Webb did the patient job of gathering the pieces together and filling in the holes. It’s near impossible to argue against what he claims. The documentation is meticulous. Whenever possible Webb tracked down the original source of information—from people to court documents to receipts, to police evidence.

Even after Webb’s story was published in the San Jose Mercury News it would have been buried had it not been for the Internet. Webb’s story was also published on the SJMN Web site along with verifying documents that couldn’t fit into the newspaper version.

Although most other news outlets ignored the story, it took on a life of its own on the Internet. News passed from person to person and caused such maelstrom of indignation that the government and mainstream press was forced to acknowledge it. Most of that took the form of denial and eventually the SJMN was forced to recant and drop segments of the series that had not yet been published. But by then the genie was out of the bottle and there was no way it was going back in.

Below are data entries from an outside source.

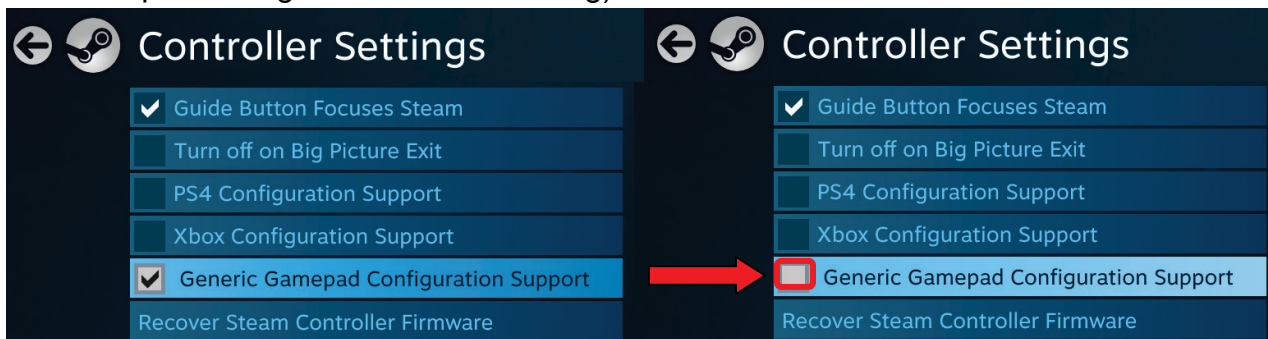

2- Accédez au menu **Controller Settings** (Paramètres contrôleur).

3- Décochez la case **Generic Gamepad Configuration Support** (Assistance configuration manette générique).

Votre contrôleur doit maintenant fonctionner normalement.

[DEUTSCH]

FAQ: MEIN GAMING CONTROLLER FUNKTIONIERT NICHT RICHTIG IM STEAMS BIG PICTURE MODUS

Das kann an den Einstellungen im Steams Big Picture Modus liegen.
Um diese Einstellungen zu deaktivieren:

- 1- Öffnen Sie **Steams Big Picture** und klicken Sie auf das Icon **Einstellungen** in der oberen rechten Ecke.

- 2- Gehen Sie in das Menü **Controller Settings** (Controller Einstellungen).

- 3- Wählen Sie die Option **Generic Gamepad Configuration Support** (Allgemeine Gamepad Konfigurationsunterstützung) ab.

Ihr Controller sollte nun wie erwartet funktionieren.

Dark Alliance is a twisted tale that Webb unravels showing American politics for what they are. Along the way the reader learns about Oliver North’s and Panamanian leader Manuel Noriega’s jobs for the U.S. government. We already know what happened to these guys when the house of cards fell down. North became the fall guy for Reagan’s plausible deniability (although he didn’t fall far) and Noriega was taken from his sovereign country and tossed in an American jail.

The reason Noriega went down was because he threatened to talk about drug trafficking. And, in the end, the CIA defense of its agents’ actions is about not talking. From 1982 to 1995 the CIA had an agreement with the Justice Department that CIA agents were not required to report allegations of drug trafficking with respect to non-employees of the agency.

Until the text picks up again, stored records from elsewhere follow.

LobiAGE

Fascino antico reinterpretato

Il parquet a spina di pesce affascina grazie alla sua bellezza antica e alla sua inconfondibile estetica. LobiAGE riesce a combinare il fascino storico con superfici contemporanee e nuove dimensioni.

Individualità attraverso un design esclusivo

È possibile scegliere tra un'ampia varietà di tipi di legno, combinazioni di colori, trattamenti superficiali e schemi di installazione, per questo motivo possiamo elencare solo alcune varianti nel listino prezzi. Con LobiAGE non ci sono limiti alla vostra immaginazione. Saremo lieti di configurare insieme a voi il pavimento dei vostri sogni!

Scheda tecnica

As far as the CIA and DEA were concerned, as long as the drug dealers supported their illegal Contra army, they could look the other way. It was a convenient version of the “don’t ask, don’t tell” policy that was later applied to gays in the military.

That’s what Gary Webb found as he pulled the cloak off the Contra operation. For a deeper look at related tales that give Dark Alliance more perspective, try Alexander Cockburn’s and Jeffrey St. Clair’s newly published Whiteout, The CIA, Drugs and the Press. Which points out that the involvement of the CIA with drug traffickers goes back a long, long way.

Dark Alliance has to be one of the best books of 1998. At a time when the media is obsessed with the details of when and how President Clinton and Monica Lewinsky had sex, there has been hardly a murmur about Webb’s book in the mainstream media. There they go again, looking the other way.